### WORK REQUEST
For the records below, say how many lines contain the string "Price". Give the number only.

BEGIN MATERIALS PROVIDED

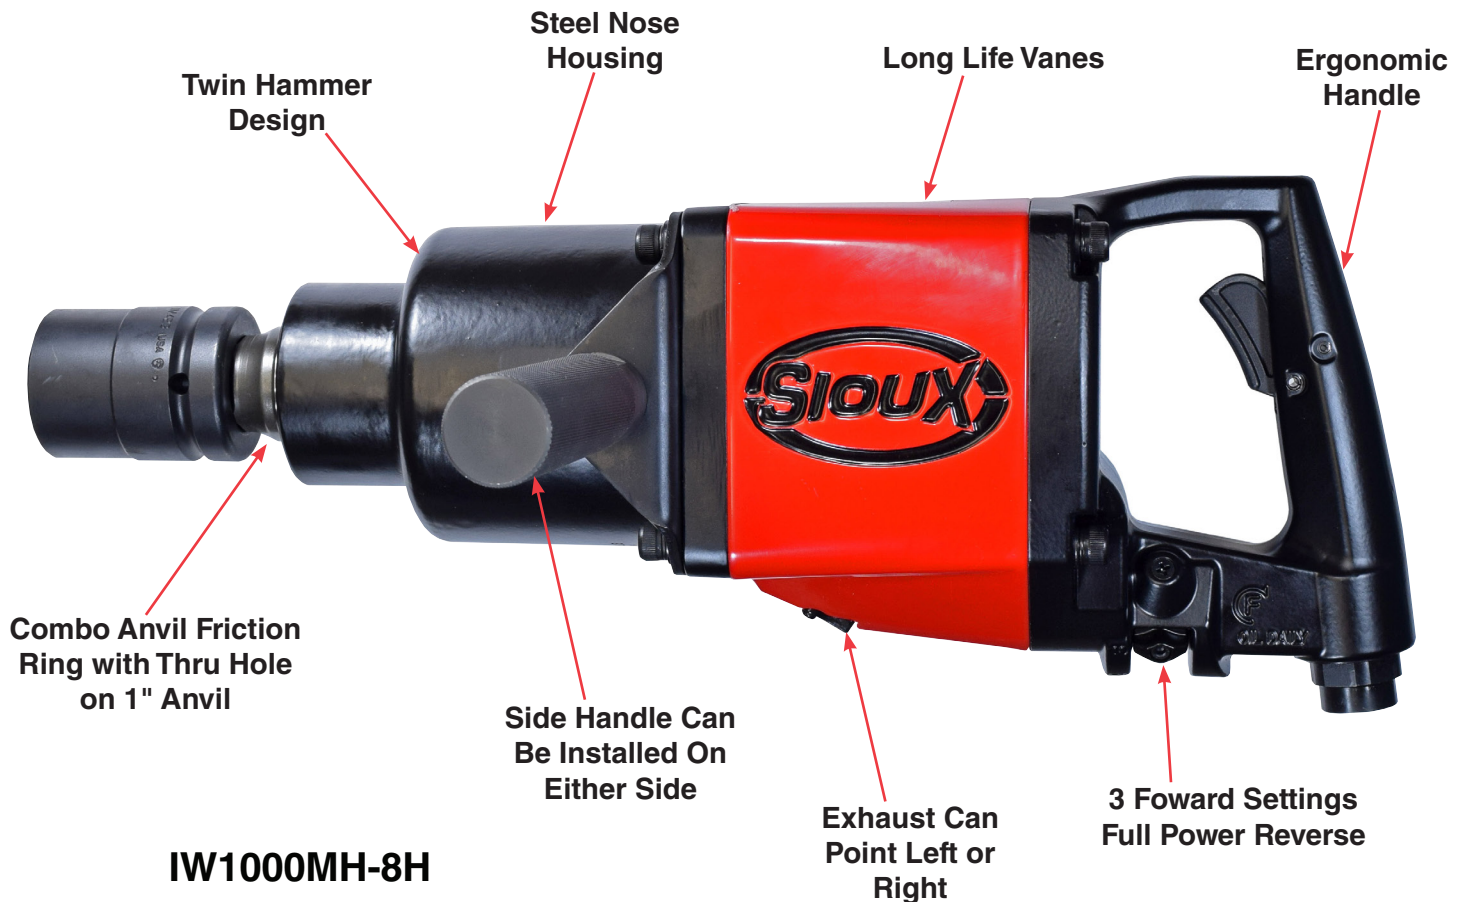

D-HANDLE IMPACT WRENCHES

POWER UP TO NEW 1", 1-1/2", & #5 SPLINE IMPACTS

Key Features:

D-Handle

Inside Trigger

Steel Nose Housing

Versatile Twin Hammer

Forged and High-Alloy Steel Impact Components for Long Life

D-HANDLE IMPACT WRENCHES

IW1000MP-8H

Choose From:

- 1", 1-1/2", #5 Spline Drive
- Standard, Long & Extra Long Anvils

IW1000MH-8H6

#5 Spline

IW1000MH-5S

Model Number	Drive Size in	Bolt Cap Grade 5		Max. Working Torque ¹		Maximum Torque		Blows Per Minute	Free Speed rpm	Weight		Length		Side To Center		Avg Air Consumption		Socket Retainer Style	
		in	mm	ft lb	Nm	ft lb	Nm			lb	kg	in	mm	in	mm	cfm	l/s		
Heavy Duty Class																			
IW1000MP-8H	1	1-1/4	32	1200	1630	1700	2300	825	6500	18.2	8.3	14.8	375	1.85	47	34	16	Hole/Ring	
IW1000MP-8H5	1	1-1/4	32	1200	1630	1700	2300	825	6500	19.7	8.9	19.3	490	1.85	47	34	16	Hole/Ring	
IW1000MP-8H8	1	1-1/4	32	1200	1630	1700	2300	825	6500	20.7	9.4	22.3	560	1.85	47	34	16	Hole/Ring	
Super Duty Class																			
IW1000MH-8H	1	1-1/2	39	2100	2840	2500	3380	800	4000	33.4	15.2	17.0	430	2.5	65	50	24	Hole/Ring	
IW1000MH-8H6	1	1-1/2	39	2100	2840	2500	3380	800	4000	37.3	16.9	24.1	610	2.5	65	50	24	Hole/Ring	
IW1000MH-12H	1-1/2	1-1/2	39	2100	2840	2500	3380	800	4000	33.9	15.4	17.2	440	2.5	65	50	24	Hole	
IW1000MH-5S	#5 Spline	1-1/2	39	2100	2840	2500	3380	800	4000	33.7	15.3	17.6	450	2.5	65	50	24	Pin	

¹ Maximum working torque determined by 5 second rundown on appropriate Skidmore-Wilhelm Torque-Tension Tester.

General: Air Inlet Size: 1/2" NPT • Recommended Hose Size: 1/2" (30 mm) • Performance rated @ 90 psig (6.2 bar) air pressure
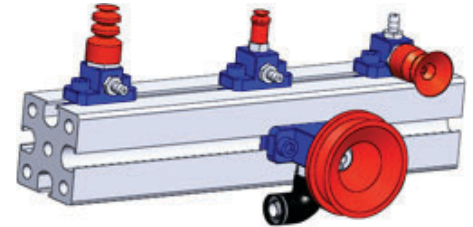

Swivel Vacuum Cup Connectors

As follow connectors can mount
M5, PT1/8 of FM/FP, BM/BP, BG, B2M/B2P series cup-adpater, adapter, push-in air fitting, barbed fitting

Adjustable Angle Connector

Part#	A1	A2	B	C	D	E	F	Wt.	Price
SC-2540	PT1/8	PT1/8	25	50	15	6	20	35g	\$10.92

Cross Connector

Part#	A1	A2	B	C	D	Wt.	Price
CC-3010	M5	M5	30	15	15	22g	\$6.71
CC-3515	PT1/8	PT1/8	35	20	15	25g	\$7.82

Multi-ways Swivel Angle Connector

Part#	A1	A2	B1	B2	C	D	Wt.	Price
MW-3M5	40	33	M5	M5	20	38	40g	\$9.29
MW-M5G8	40	33	PT1/8	M5	20	38	38g	\$9.47
MW-2G8	40	33	PT1/8	PT1/8	20	38	38g	\$9.47

END MATERIALS PROVIDED

### SOLVED PROBLEM
3